Problem requirements:
Number of lines below with the word "Keselamatan": state it and write nothing more.
+===+
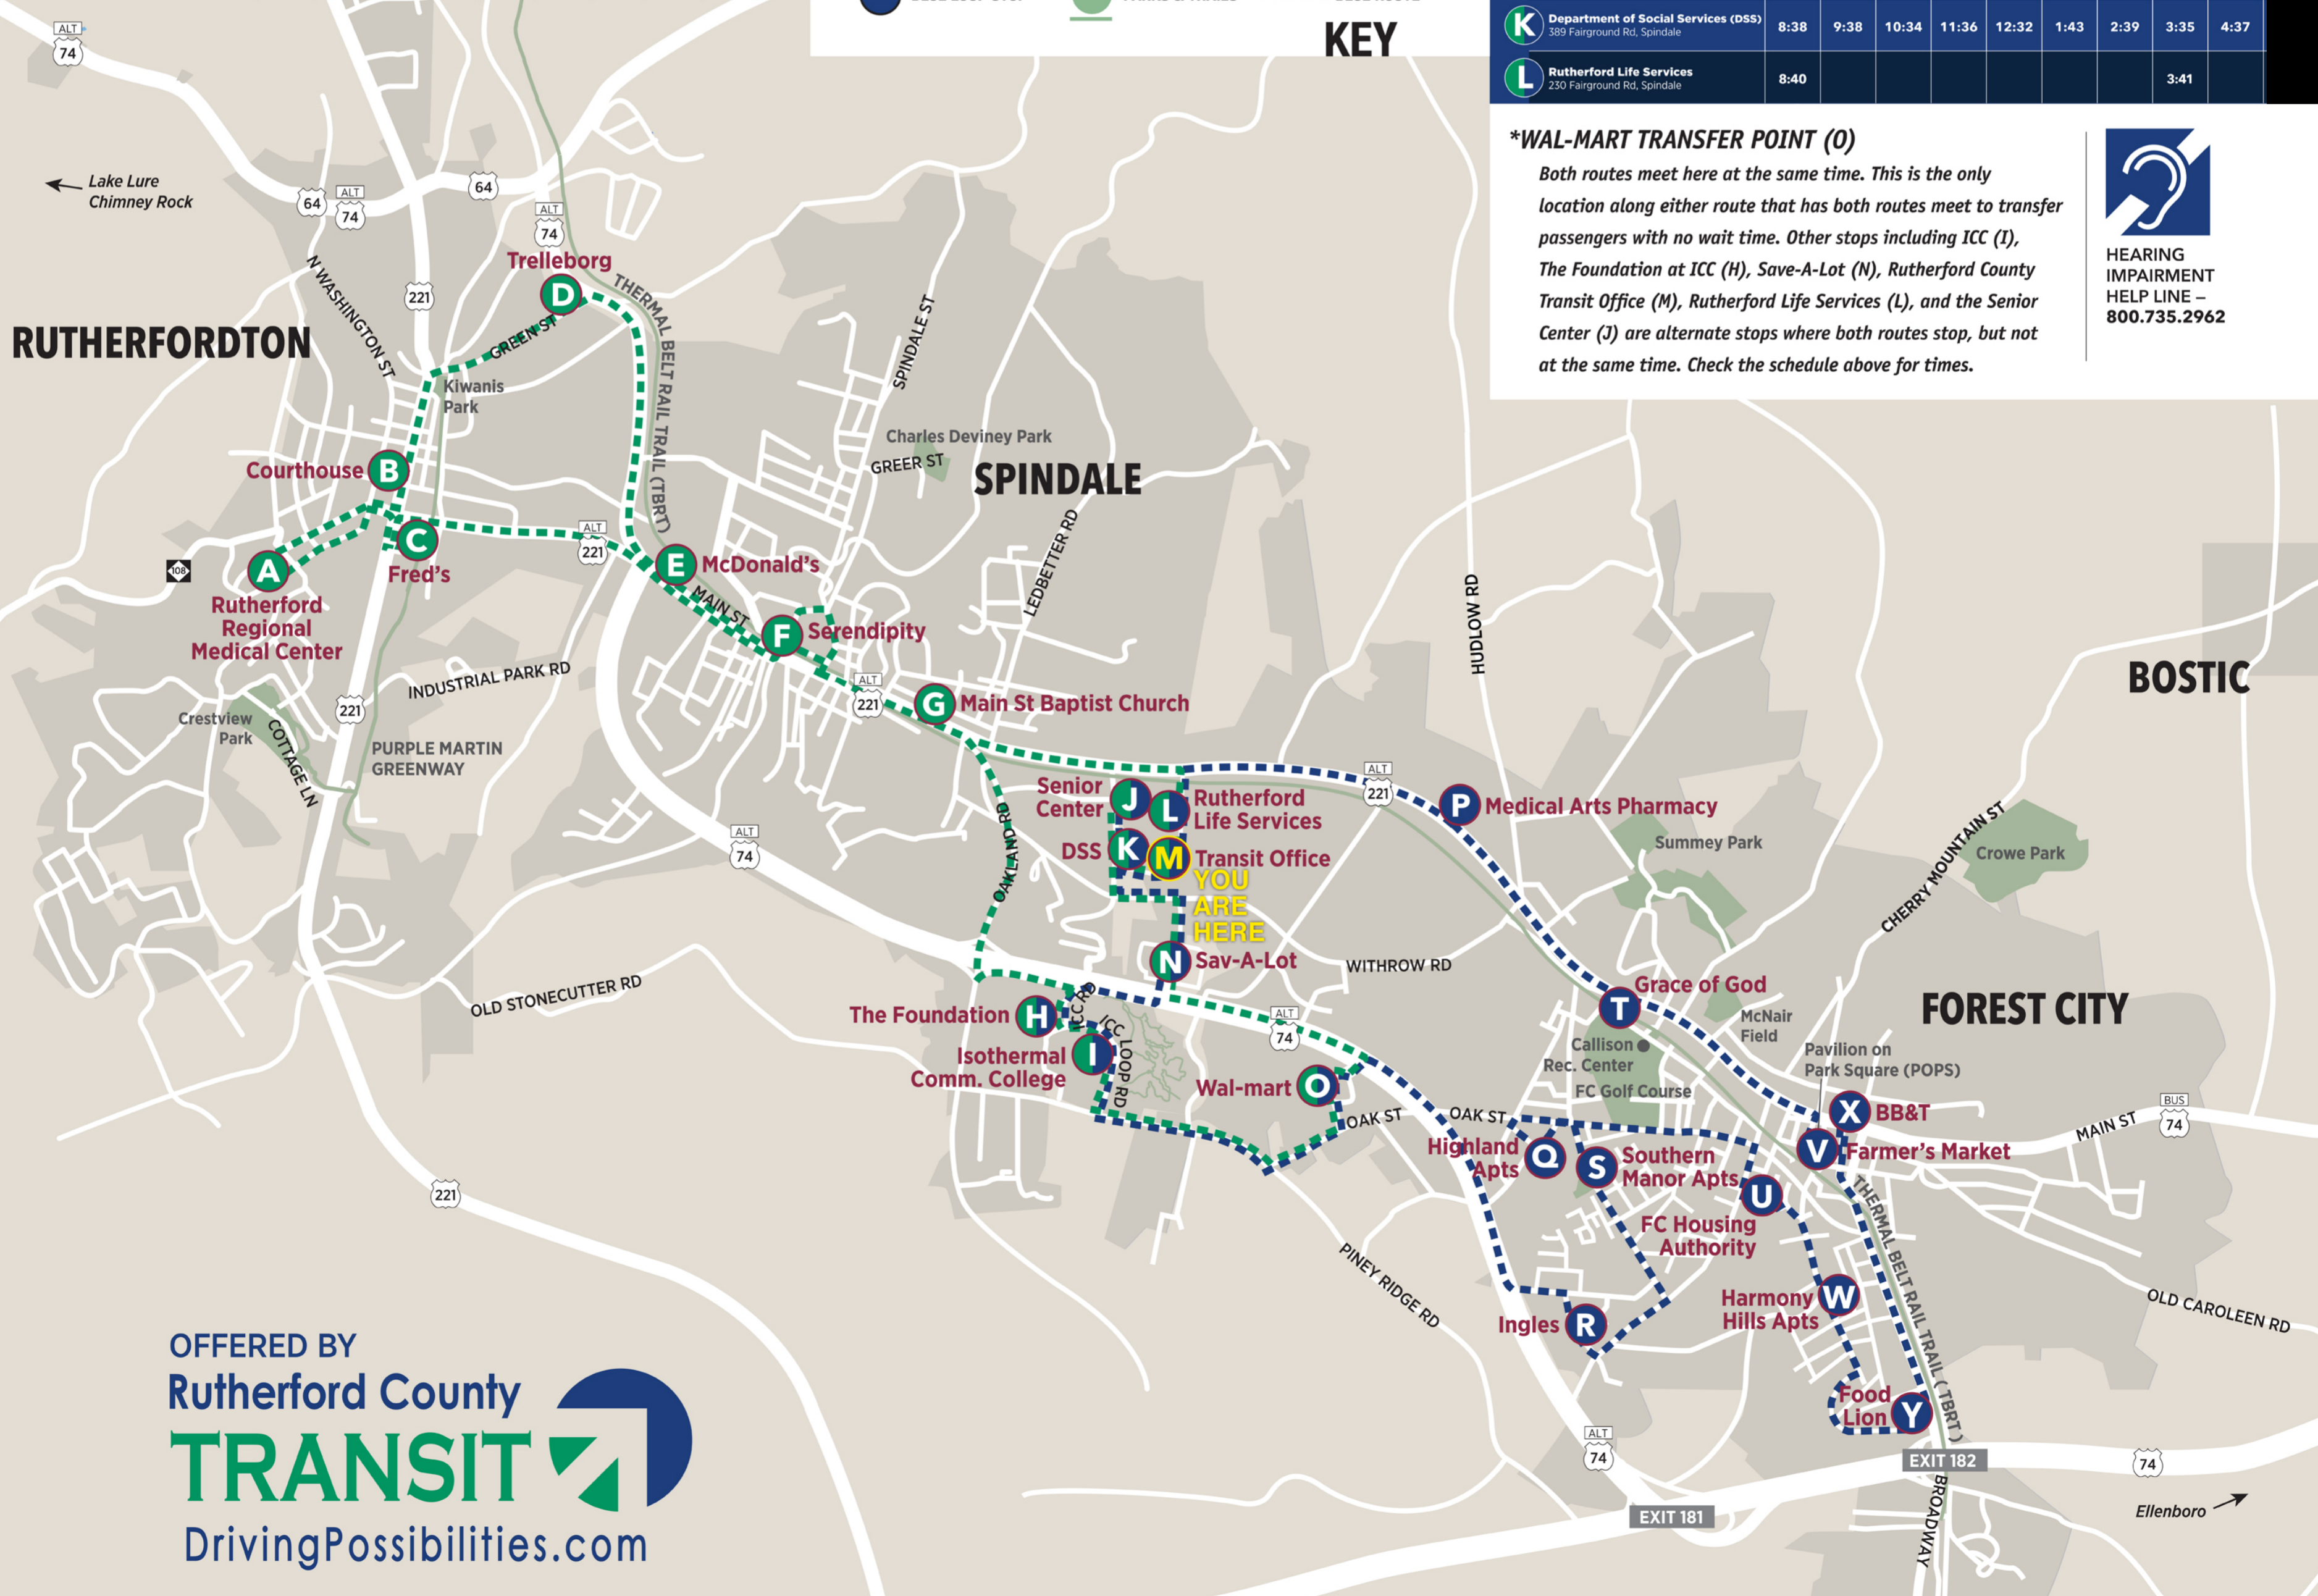

*WAL-MART TRANSFER POINT (O)

Both routes meet here at the same time. This is the only location along either route that has both routes meet to transfer passengers with no wait time. Other stops including ICC (I), The Foundation at ICC (H), Save-A-Lot (N), Rutherford County Transit Office (M), Rutherford Life Services (L), and the Senior Center (J) are alternate stops where both routes stop, but not at the same time. Check the schedule above for times.

HEARING IMPAIRMENT HELP LINE - 800.735.2962

OFFERED BY
Rutherford County
TRANSIT
DrivingPossibilities.com
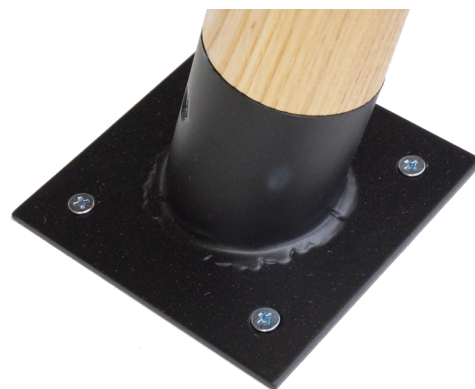

Warranty:

10 years
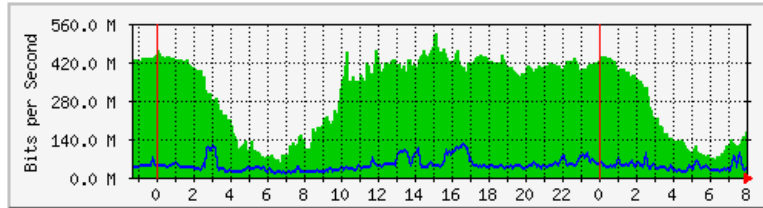

	Max	Average	Current
In	1044.0 kb/s (67.6%)	227.9 kb/s (14.8%)	290.1 kb/s (18.8%)
Out	1339.7 kb/s (86.8%)	93.1 kb/s (6.0%)	43.3 kb/s (2.8%)

MRTG – Jabatan Keselamatan

The statistics were last updated **Monday, 3 December 2018 at 8:01**,
at which time 'Keselamatan-Rtr' had been up for **7 days, 4:15:03**.

'Daily' Graph (5 Minute Average)

	Max	Average	Current
In	7297.7 kb/s (76.0%)	597.2 kb/s (6.2%)	4456.0 b/s (0.0%)
Out	148.5 kb/s (1.5%)	27.3 kb/s (0.3%)	4296.0 b/s (0.0%)

'Weekly' Graph (30 Minute Average)

	Max	Average	Current
In	5560.9 kb/s (57.9%)	1453.6 kb/s (15.1%)	8536.0 b/s (0.1%)
Out	429.7 kb/s (4.5%)	56.2 kb/s (0.6%)	8848.0 b/s (0.1%)

MRTG - KWSP

The statistics were last updated **Monday, 3 December 2018 at 8:01**,
at which time 'KWSP-NCCOM-9F-SW1' had been up for **53 days, 20:00:46**.

'Daily' Graph (5 Minute Average)

	Max	Average	Current
In	523.2 Mb/s (26.2%)	306.1 Mb/s (15.3%)	162.8 Mb/s (8.1%)
Out	119.1 Mb/s (6.0%)	42.6 Mb/s (2.1%)	25.1 Mb/s (1.3%)

'Weekly' Graph (30 Minute Average)
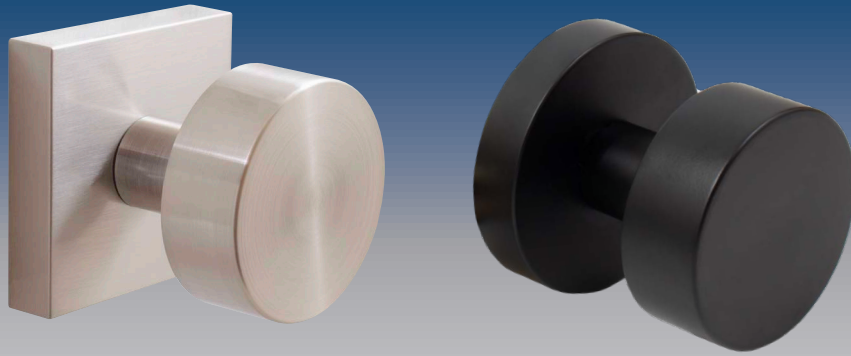

# Bonn Knob

### Privacy/Bed/Bath

*Both knobs are locked and unlocked by a push button on the inside rosette. The exterior lever can be unlocked with an emergency key.*
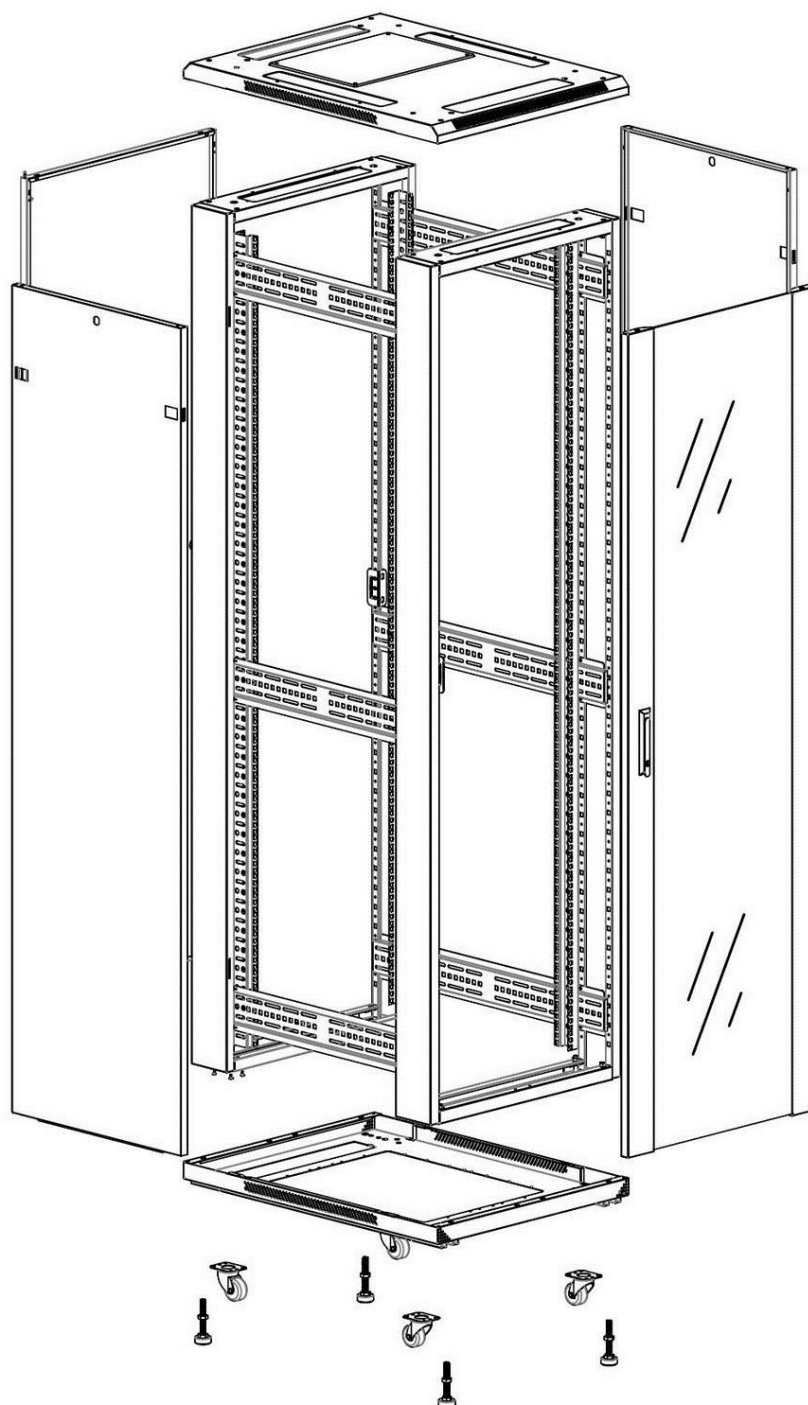

Environ CR600 24U Rack 600x600mm Glass (F) Steel (R)
B/Panels No/Mgmt Grey White Flat Pack

Part Code: 542-2466-GSBN-GW-FP

sales@excel-networking.com
excel-networking.com

Exploded view
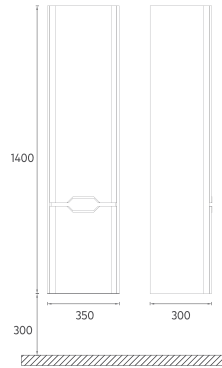

FRONTE

FRONTE Tall Cabinet, 35 cm

Features

- **350 x 300 x 1400 mm**
- Glossy Lacquer Body
- Lacquer Double Door
- Soft Close Door

21SQ3114035I	35 cm Tall Cabinet, Red Right
21SQ3114035I	35 cm Tall Cabinet, Red Left
21SQ3114036I	35 cm Tall Cabinet, Black Right
21SQ3214036I	35 cm Tall Cabinet, Black Left
21SQ3104035I	35 cm Tall Cabinet, Anthracite Right
21SQ3204035I	35 cm Tall Cabinet, Anthracite Left
21SQ3104036I	35 cm Tall Cabinet, Light Grey Right
21SQ3204036I	35 cm Tall Cabinet, Light Grey Left
21SQ3101035I	35 cm Tall Cabinet, White Right
21SQ3201035I	35 cm Tall Cabinet, White Left
+===+
Solution for this task:
2